■ **AVAILABLE DATA**

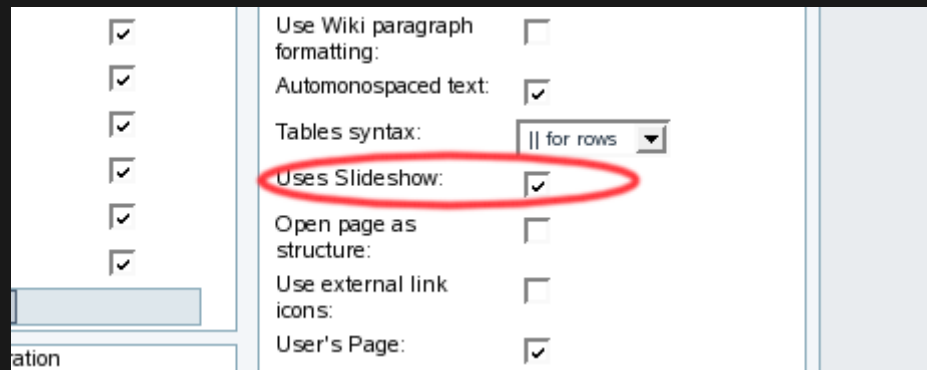

# ENABLING SLIDESHOWS

Select Admin--->Wiki and check the selection box "Uses Slideshow". (See below)

# CHANGING SLIDESHOW APPEARANCE

To change the appearance of your slides, select the CSS file to use in the Admin--->General panel. (See below)

# SLIDESHOWS REQUIRE A TITLEBAR !!

The 'Slides' link appears on a page when there are 'titlebar' (==title==) tags on that page. Titlebar tags are used to indicate new slides for the slideshow.

■ **PROBLEM REQUIREMENTS**
Everything from the first line of the records through the line containing "# SLIDESHOWS REQUIRE A TITLEBAR !!" should be repeated exactly, with the pictures left out.

■ **SOLUTION**
# ENABLING SLIDESHOWS

Select Admin--->Wiki and check the selection box "Uses Slideshow". (See below)

# CHANGING SLIDESHOW APPEARANCE

To change the appearance of your slides, select the CSS file to use in the Admin--->General panel. (See below)

# SLIDESHOWS REQUIRE A TITLEBAR !!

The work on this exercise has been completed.